• PROMPT: The listing below is to be duplicated exactly, with every picture omitted.

▼

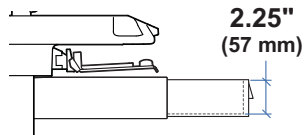

CareFit Pro Drawers

LB
kg Total weight capacity per drawer.
≤ 2 lbs (1 kg)

LB
kg Total weight capacity per drawer.
≤ 1 lbs (0.5 kg)

LB
kg Total weight capacity per drawer.
≤ 0.25 lbs (0.1 kg)

▲

• RESPONSE TO THIS EXERCISE:
CareFit Pro Drawers

LB
kg Total weight capacity per drawer.
≤ 2 lbs (1 kg)

LB
kg Total weight capacity per drawer.
≤ 1 lbs (0.5 kg)

LB
kg Total weight capacity per drawer.
≤ 0.25 lbs (0.1 kg)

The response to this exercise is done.